Molecular perturbations trigger cellular or genetic changes, but modality incompleteness is common. Through augmentation, alignment, and hierarchical modeling, multi-modal representations are progressively organized and structured — forming the core motivation of this work.

📰 News

[2025.11] 🎉 Our paper Learning Cell-Aware Hierarchical Multi-Modal Representations for Robust Molecular Modeling has been accepted as an Oral Presentation at AAAI 2026! 🎤 [arXiv]

📁 Directory Structure

🔧 Data Preparation

Create a folder named raw_data and extract the pretraining data into it.

Download the dataset from Zenodo.

Unzip the pretrain.zip file and place all contents inside the raw_data/ directory.

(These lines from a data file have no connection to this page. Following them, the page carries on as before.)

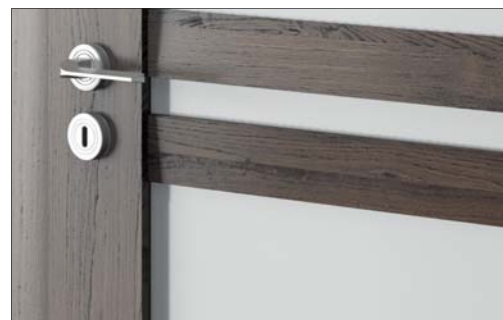

PROSKLENÍ U MODELU 4.4 / PRESKLENIE V MODELI 4.4
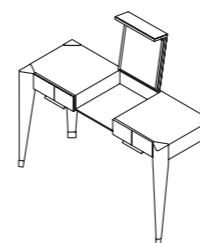

Art. 2023-33

Consolle trucco con struttura in multistrato impiallacciato con parti in massello di frassino finitura laccato nero opaco e parti finitura laccato albicocca. Contenitore centrale a ribalta con specchio e alloggiamenti interni in acero finitura naturale
Vanity with structure in veneered plywood with elements in solid ash wood with black matt lacquered finish and parts with apricot lacquered finish. Central flap compartment with mirror and internal elements with natural maple finish

cm. 135 * 51 * h. 75

Pag. 54, 56
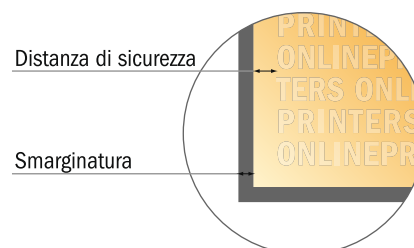

## Carta da regalo

DIN-A1

- Formato dei dati (incl. 2,00 mm refilo): 59,80 x 84,50 cm
- Formato finale: 59,40 x 84,10 cm
- Le misure del fronte e del retro sono identiche.
- **Distanza di sicurezza**  
4 mm: distanza dei testi/delle informazioni dal bordo del formato finale per evitare un punto di taglio indesiderato.

### Attenersi alle seguenti indicazioni:

- Creare i documenti con la smarginatura e la distanza di sicurezza indicate.
- Impostare i colori di sfondo, le immagini o i grafici fino al bordo del formato dei dati.
- In fase di produzione il taglio, la fustellatura e la piegatura possono dar luogo a tolleranze.
- Questo schizzo non è conforme alla scala.
- Per indicazioni sui dati per la stampa, consultare la voce di menu "Dati per la stampa" su [www.onlineprinters.it](http://www.onlineprinters.it)
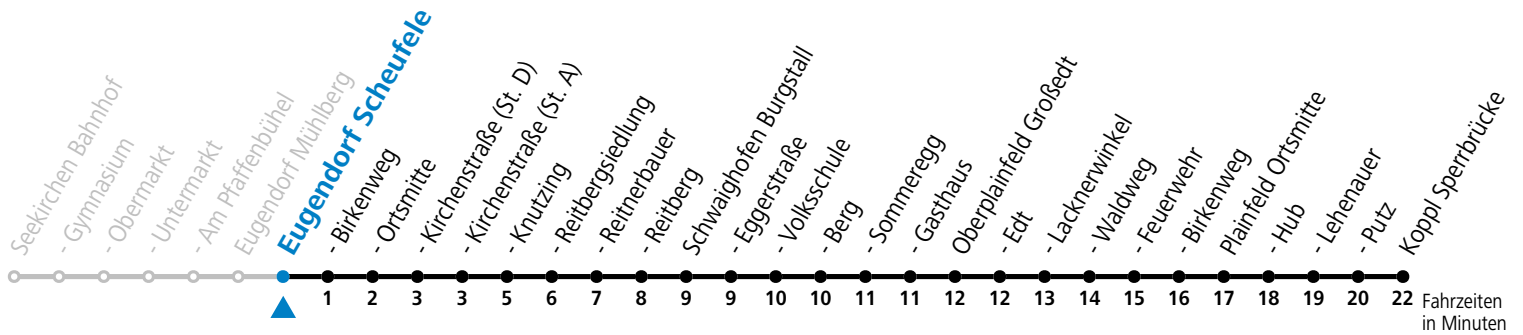

gültig ab 15.12.2024.

Alle Angaben ohne Gewähr.

Montag-Freitag (Schule)			Montag-Freitag (Ferien)		
8	18	48	8	20	
9	48		9	20	
10	48		10	20	
11	48		11	20	
12	48		12	20	
13	48		13	20	
14	48		14	20	
15	48		15	20	
16	48		16	20	
17	48		17	20	
18	48		18	20	
19	48		19	20^a	

a = bis Oberplainfeld Edt

Linienbetrieb mit Kleinbussen (ca. 15 Plätze) - ausgenommen Fahrten, die mit S gekennzeichnet sind!

Am 24.12. und 31.12. (sofern nicht Sonntag) gilt der Samstag-Fahrplan

Sonn- und Feiertag kein Linienverkehr

Ferien im Bundesland Salzburg: 23.12.2024 bis 06.01.2025, 10. bis 16.02., 12.04. bis 21.04., 05.07. bis 07.09., 24.09. und 26.10. bis 02.11.2025 (Vorbehaltlich Änderungen durch die Schulbehörde)

For more information about the raw dataset, please refer to the InfoAlign project.

🛠 Requirements

Make sure to install all required dependencies.

# 1️⃣ Upgrade pip
pip install --upgrade pip

# 2️⃣ Install PyTorch 2.0.1 (CUDA 11.8)
pip install torch==2.0.1+cu118 torchvision==0.15.2+cu118 --index-url https://download.pytorch.org/whl/cu118

# 3️⃣ Install PyTorch Geometric dependencies
pip install torch-scatter==2.1.1 torch-sparse==0.6.17 torch-cluster==1.6.3 torch-spline-conv==1.2.2 \
  -f https://data.pyg.org/whl/torch-2.0.1+cu118.html

# 4️⃣ Install torch_geometric
pip install torch_geometric==2.5.2

# 5️⃣ Install remaining dependencies
pip install -r requirements.txt

🧪 Pretraining

To start the pretraining process, run:

python pretrain.py \
  --model-path CHMR \
  --lr 1e-4 \
  --wdecay 1e-8 \
  --epoch 50 \
  --batch-size 3072 \
  --lambda_1 10 \
  --lambda_2 10

🔧 Pretraining Parameters

Argument	Description
`--model-path`	Path to save the pretrained model (`.pt` file)
`--lr`	Learning rate
`--wdecay`	Weight decay
`--epoch`	Number of pretraining epochs
`--batch-size`	Training batch size
`--lambda_1`	Weight for the SCA module
`--lambda_2`	Weight for the Tree-VQ module

🧬 Fine-tuning

After pretraining, we fine-tune the model on 9 molecular property prediction datasets.

For BACE, ClinTox, SIDER, and HIV, we apply a structure-aware ensemble strategy, which integrates CHMR predictions with a random forest baseline trained on the same split.

🔁 Ensemble Workflow

Generate random forest predictions:

python random_forest/extract_fingerprint.py --dataset [ogbg-molbace | ogbg-molclintox | ogbg-molsider | ogbg-molhiv]
python random_forest/random_forest.py --dataset [ogbg-molbace | ogbg-molclintox | ogbg-molsider | ogbg-molhiv]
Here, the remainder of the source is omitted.